In the case of fresh lovage, the instrumental assessment of the color of the tested herbs showed a statistically significant increase in the L* parameter in the YE sample (which indicates that the YE-elicited lovage leaves were brighter) and the b* parameter (greater proportion of yellow color) in the JA and YE samples compared to the control (Table 2). After drying (with all the techniques employed), both the control and elicited samples were characterized by higher L* and a* values and a lower b* value in comparison to the fresh herbs samples (Table 2). It should be also noted that the largest increase in the value of parameter a* (smaller proportion of green color) was observed in the microwave-dried samples, while the smallest increase in the a* value was noted in the case of the lyophilized samples.

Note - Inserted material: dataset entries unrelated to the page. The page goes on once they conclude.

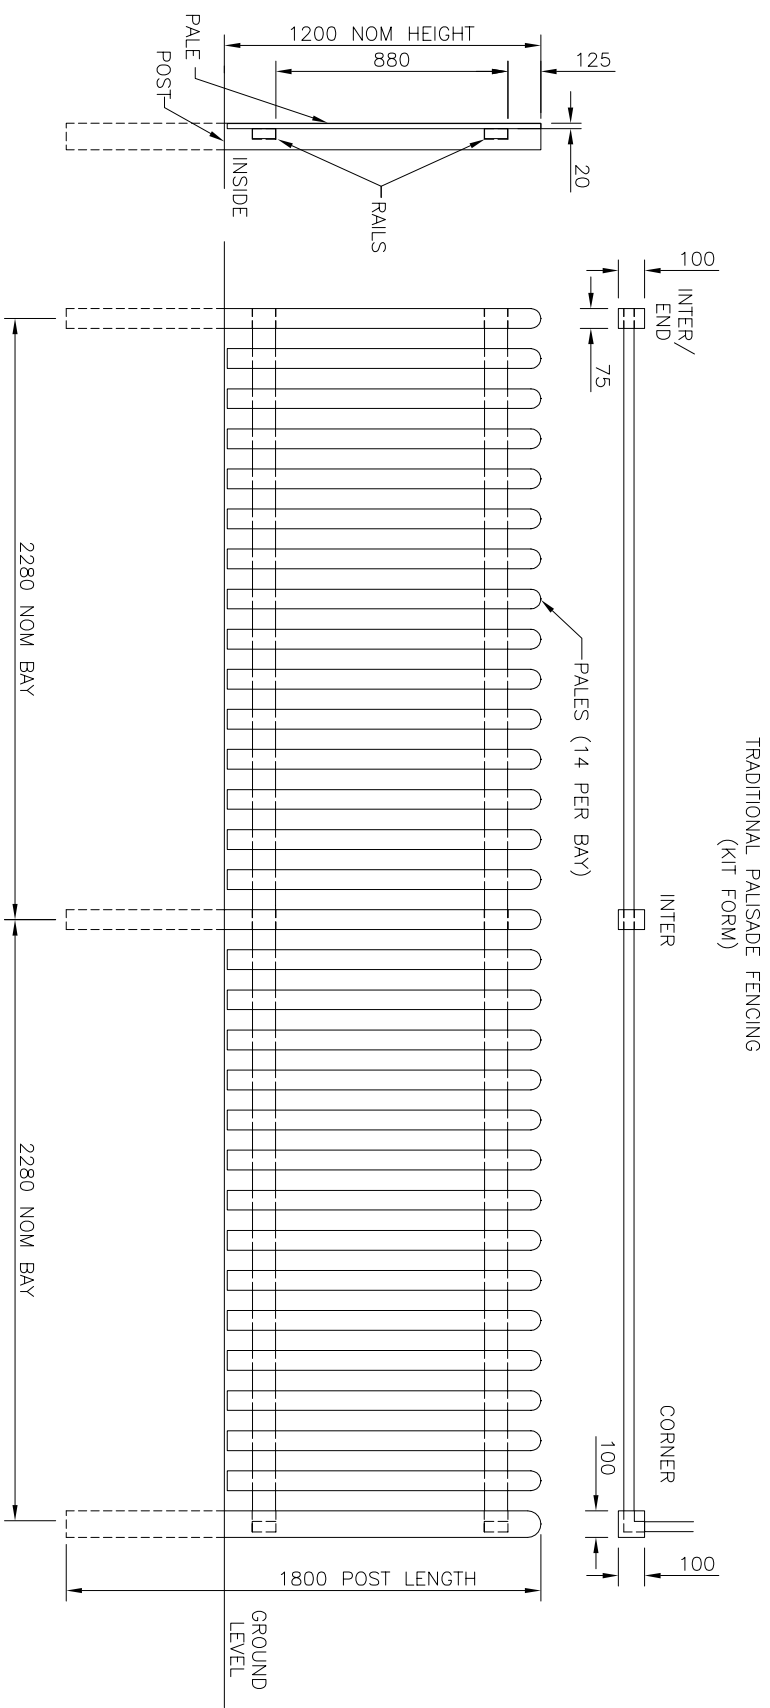

DO NOT SCALE - IF IN DOUBT ASK

Jacksons

FINE FENCING

Stowting Common
Near Ashford,
KENT, TN25 6BN
Telephone : 01233 750393
Fax: 01233 750403
Int. Tel : +44 (0)1233 750393

This Drawing is The Property Of H.S. Jackson & Son (Fencing) Ltd.
And May Not Be Copied Or Reproduced In Any Way Without Prior Written Permission.

29/03/16 Original Issue

Drawn LA	TITLE	TRADITIONAL PALISADE FENCING NOM 1.2mH ROUND TOP-SALES DRAWING
Date 23/03/16	CUSTOMER	
Checked	ACK No.	Drawing No. J7/01280 Sheet 2
Size A3	Scale 1:20 U.O.S	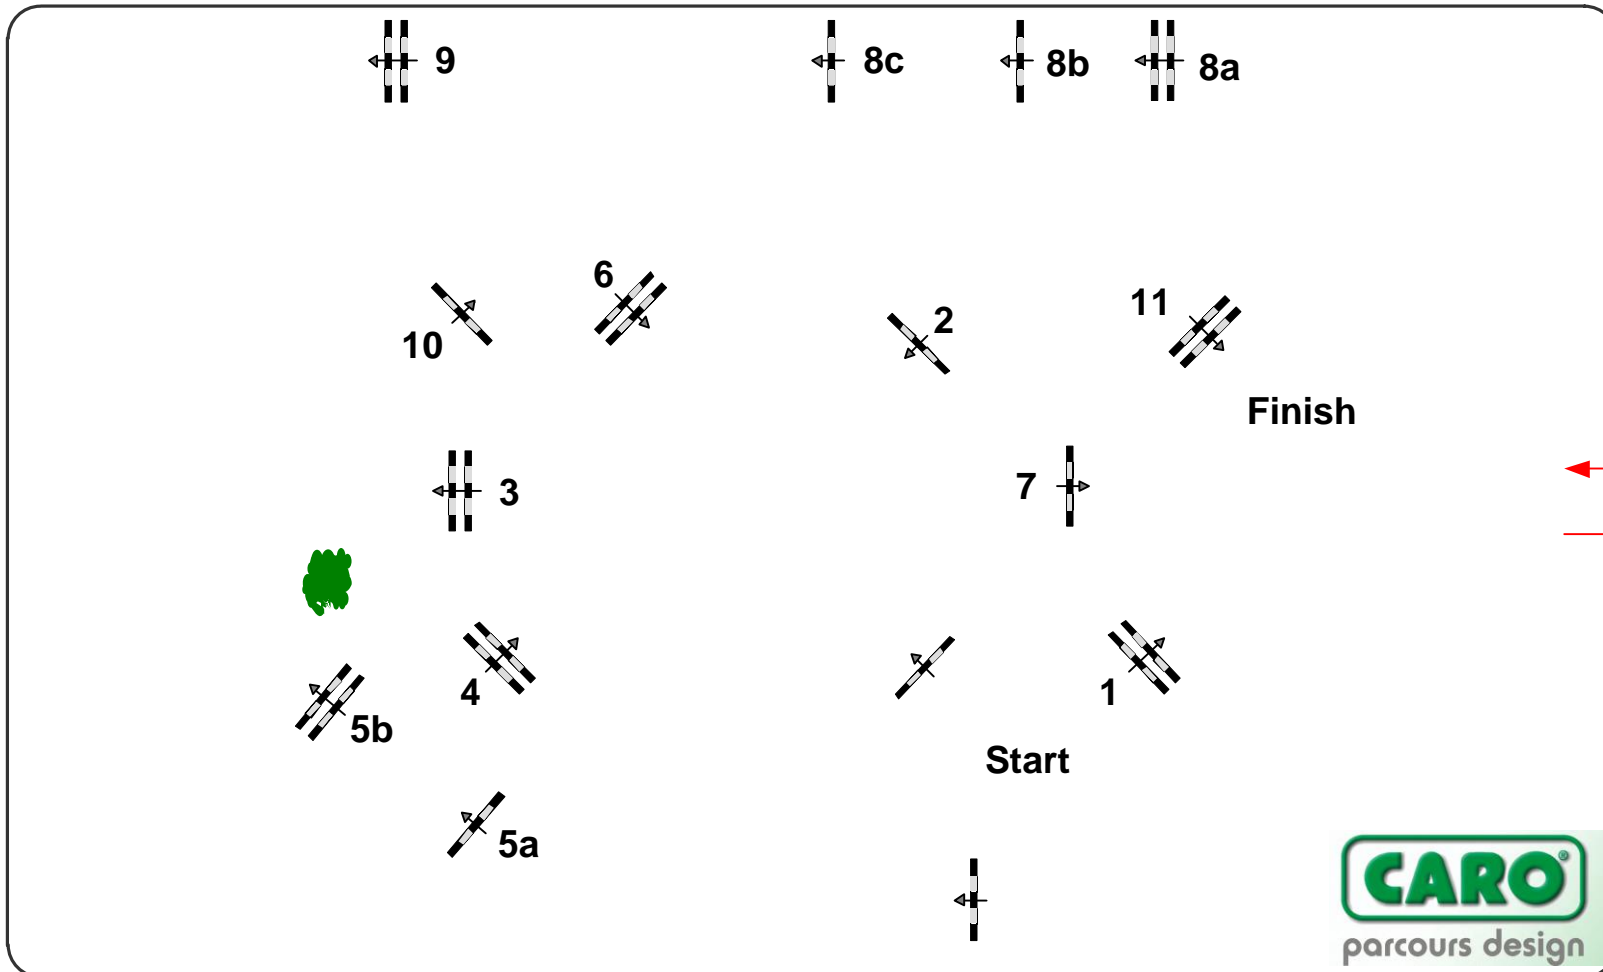

Costa del Sol Equestrian Tour

69

7 Y/O Horses

Thursday 25. February 2016

Time:

Table: A
National RG:
FEI RG / Art. 238.2.1
Height: 1,40 m

Speed: 350 m/min
Length: 540 m
Time allowed: 93 sec
Time limit: 186 sec

Obstacles:	11	:	Length:	0 m
Efforts:	14	:	Time allowed:	0 sec
Penalty sec:		:	Time limit:	0 sec
Closed combination:		:		

Arena 2

Course-Designer
Stefan Schäfer - GER

Assistant
Alberto Ilorens - ESP

Jury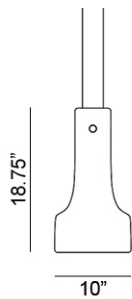

Hind Rabii

Fico 3 Pendant

Design by: Chiamonte Marin Studio

Designed by Chiamonte Marin Studio for Hind Rabii, the Fico celebrates the fig, as its name in Italian indicates. Rather than concealing succulent pulp, the elongated ceramic shades channel the fixture's illumination. The Fico is available in three bell-like shapes, the Fico 3 pendant swelling to culminate in a band at the bottom. Each shape comes in white, black and sand-colored ceramic. Rather than hanging by a cord, the clever Fico pendants are hung on straps of handsewn leather, fixed in place by a galvanized pin. The effect is meant to give the impression that each pendant is a piece of fruit dangling from a tree.

Ordering Matrix

Model

FIC03W = White
FIC03B = Black
FIC03M = Mastic

LED

1 x 4.5W E26, A19

Color

WHT = White
BLK = Black
MAS = Mastic

Fixture as shown

The influence of elicitation on the content of bioactive compounds was determined in fresh and dried lovage leaves (Table 3). In the case of the fresh material, the elicitation with JA caused a statistically significant increase in the content of chlorophylls, vitamin C, and phenolic compounds in comparison to the control (an increase by 49.9%, 17.9%, and 49.6%, respectively). These results were not confirmed, however, in the case of the dried samples. The analysis of the content of vitamin C in the dried lovage demonstrated its highest level in the control samples, regardless of the drying method (Table 3). Comparing the different drying methods, it should be noted that the largest losses of vitamin C occurred in the case of traditional drying, while microwave drying caused the largest losses of chlorophylls and carotenoids in the tested material (Table 3). Noteworthy, in the case of all the drying methods used, the content of chlorophylls and carotenoids was not statistically different between the control and elicited samples (Table 3).
The application of jasmonic acid increased the content of microelements, i.e., Zn, Ni, Cd, Mg, and Na in the lovage leaves by 29.7%, 27.9%, 52.9%, 5%, and 23.2%, respectively. Similarly, higher content of Zn, Ni, Cd, Mg, and Na was determined in the lovage leaves elicited with the yeast extract. However, the biotic elicitation caused a greater increase in the content of these bioelements. In addition, after the induction with the yeast extract, the lovage leaves contained significantly higher levels of Fe and Mn (by 81.5% and 28.5%, respectively) than the control. In contrast, both the abiotic and biotic elicitation caused a decrease in the content of Cu and Ca in the lovage leaves. The application of jasmonic acid also resulted in a decrease in Fe and Mn accumulation in the leaves of the tested herb, while a smaller amount of K was determined in the samples treated with the yeast extract (Table 4).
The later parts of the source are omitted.